WORK ORDER
The expected output is a copy of every line in the records with the string "espresso".

[Stored items]
-- Opening Marker --

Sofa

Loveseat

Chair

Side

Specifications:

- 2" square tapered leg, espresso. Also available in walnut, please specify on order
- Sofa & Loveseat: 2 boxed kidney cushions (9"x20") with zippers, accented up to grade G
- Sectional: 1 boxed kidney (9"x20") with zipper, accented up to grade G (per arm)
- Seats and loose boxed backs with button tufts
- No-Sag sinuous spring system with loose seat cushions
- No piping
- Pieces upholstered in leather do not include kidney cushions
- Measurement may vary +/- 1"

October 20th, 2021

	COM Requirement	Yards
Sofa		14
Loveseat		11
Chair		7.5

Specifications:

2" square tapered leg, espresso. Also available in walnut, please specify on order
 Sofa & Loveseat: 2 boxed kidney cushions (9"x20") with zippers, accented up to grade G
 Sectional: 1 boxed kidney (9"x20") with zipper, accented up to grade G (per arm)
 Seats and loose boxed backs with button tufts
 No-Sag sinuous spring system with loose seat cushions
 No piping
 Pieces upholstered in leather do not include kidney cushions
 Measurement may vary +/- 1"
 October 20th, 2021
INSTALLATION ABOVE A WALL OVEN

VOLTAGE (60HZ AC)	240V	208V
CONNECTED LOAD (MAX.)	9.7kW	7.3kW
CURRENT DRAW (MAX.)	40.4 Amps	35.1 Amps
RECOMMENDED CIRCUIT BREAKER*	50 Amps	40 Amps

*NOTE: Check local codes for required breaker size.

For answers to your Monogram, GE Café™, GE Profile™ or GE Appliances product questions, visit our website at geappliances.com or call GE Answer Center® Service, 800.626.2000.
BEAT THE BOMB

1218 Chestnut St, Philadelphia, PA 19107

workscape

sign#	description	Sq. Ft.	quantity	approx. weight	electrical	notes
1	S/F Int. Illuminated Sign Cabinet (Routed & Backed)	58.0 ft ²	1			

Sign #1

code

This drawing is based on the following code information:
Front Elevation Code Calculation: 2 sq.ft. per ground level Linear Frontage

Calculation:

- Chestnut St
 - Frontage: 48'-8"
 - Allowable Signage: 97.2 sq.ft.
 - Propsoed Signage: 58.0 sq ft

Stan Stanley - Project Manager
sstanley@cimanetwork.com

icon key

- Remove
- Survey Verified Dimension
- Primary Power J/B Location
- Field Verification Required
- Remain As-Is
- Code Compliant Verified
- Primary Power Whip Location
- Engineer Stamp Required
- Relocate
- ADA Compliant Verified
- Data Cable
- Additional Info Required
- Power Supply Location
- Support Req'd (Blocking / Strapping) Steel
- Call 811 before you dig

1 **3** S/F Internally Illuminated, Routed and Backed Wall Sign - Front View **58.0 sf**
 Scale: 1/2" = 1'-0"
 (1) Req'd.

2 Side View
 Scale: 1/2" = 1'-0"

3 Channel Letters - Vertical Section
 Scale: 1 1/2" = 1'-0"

-- Closing Marker --
-- Opening Marker --

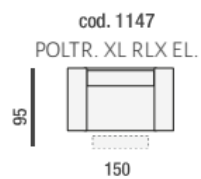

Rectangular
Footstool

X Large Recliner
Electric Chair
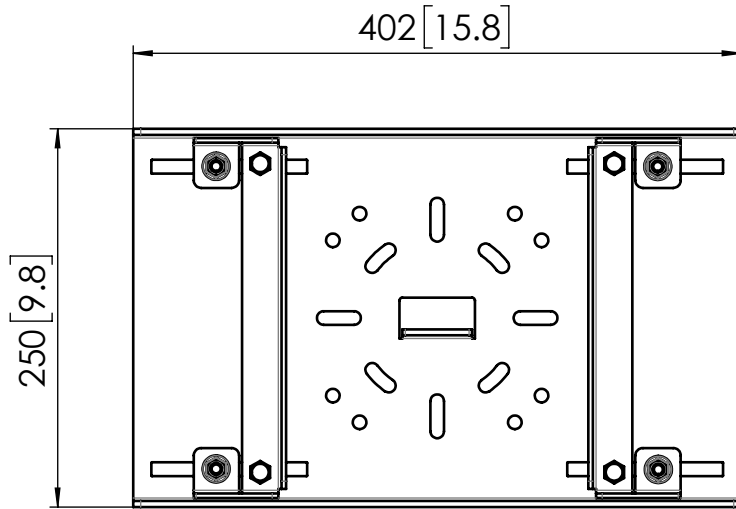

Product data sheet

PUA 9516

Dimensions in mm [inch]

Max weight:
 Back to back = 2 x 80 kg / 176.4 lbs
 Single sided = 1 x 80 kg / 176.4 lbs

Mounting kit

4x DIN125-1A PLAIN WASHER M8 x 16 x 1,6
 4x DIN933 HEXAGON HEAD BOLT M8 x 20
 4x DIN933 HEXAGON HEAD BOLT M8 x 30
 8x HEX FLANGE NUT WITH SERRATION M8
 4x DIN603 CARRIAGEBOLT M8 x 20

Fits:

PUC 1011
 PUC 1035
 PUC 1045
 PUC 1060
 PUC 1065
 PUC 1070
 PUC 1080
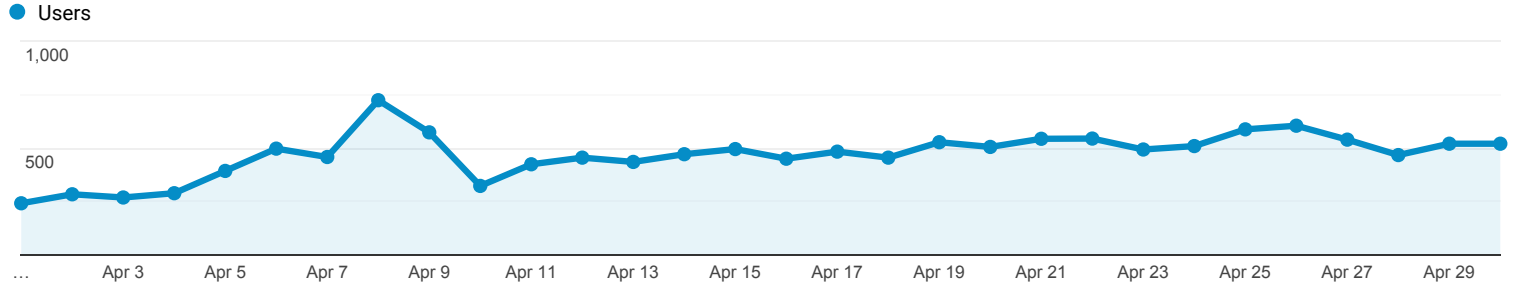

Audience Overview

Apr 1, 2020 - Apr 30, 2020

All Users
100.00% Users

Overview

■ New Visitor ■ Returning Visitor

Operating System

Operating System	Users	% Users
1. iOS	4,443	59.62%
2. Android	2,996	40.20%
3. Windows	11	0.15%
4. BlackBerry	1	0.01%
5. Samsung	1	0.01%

-- Closing Marker --
-- Opening Marker --

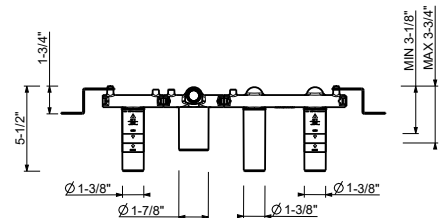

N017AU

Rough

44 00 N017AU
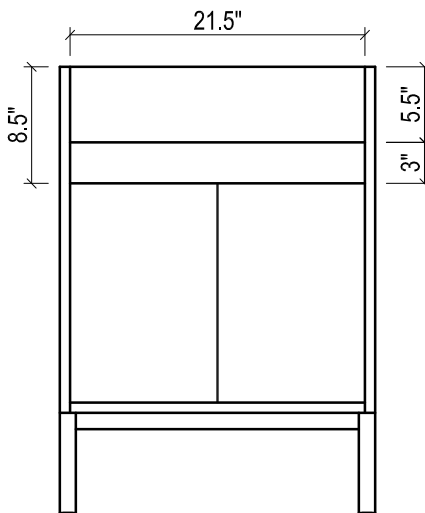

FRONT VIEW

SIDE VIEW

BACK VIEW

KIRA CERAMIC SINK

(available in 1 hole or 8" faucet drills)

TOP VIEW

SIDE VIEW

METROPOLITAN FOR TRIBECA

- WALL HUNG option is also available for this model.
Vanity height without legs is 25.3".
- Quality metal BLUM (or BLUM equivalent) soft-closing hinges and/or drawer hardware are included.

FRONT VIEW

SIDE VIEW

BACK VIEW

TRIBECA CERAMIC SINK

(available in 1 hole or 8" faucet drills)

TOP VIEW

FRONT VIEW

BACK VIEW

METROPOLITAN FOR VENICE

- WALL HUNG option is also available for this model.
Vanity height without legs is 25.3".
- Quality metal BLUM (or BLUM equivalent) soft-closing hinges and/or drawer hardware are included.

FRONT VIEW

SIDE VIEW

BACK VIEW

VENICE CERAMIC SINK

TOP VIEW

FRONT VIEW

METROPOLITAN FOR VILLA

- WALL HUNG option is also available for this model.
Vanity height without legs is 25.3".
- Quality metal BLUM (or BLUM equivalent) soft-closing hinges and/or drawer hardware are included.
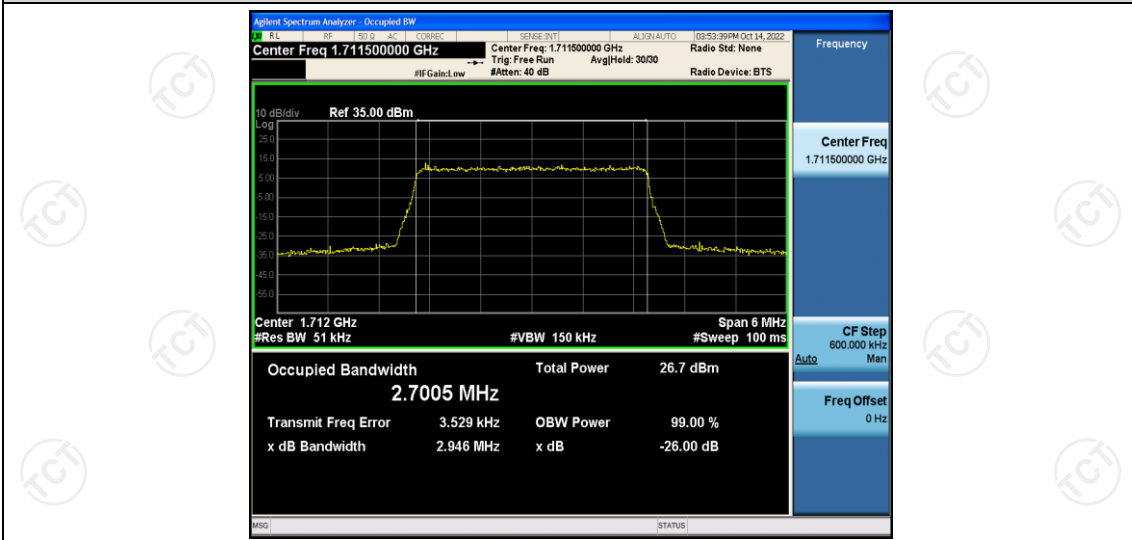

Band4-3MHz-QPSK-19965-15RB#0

-- Closing Marker --

RESULT FOR THIS TASK
- 2" square tapered leg, espresso. Also available in walnut, please specify on order
2" square tapered leg, espresso. Also available in walnut, please specify on order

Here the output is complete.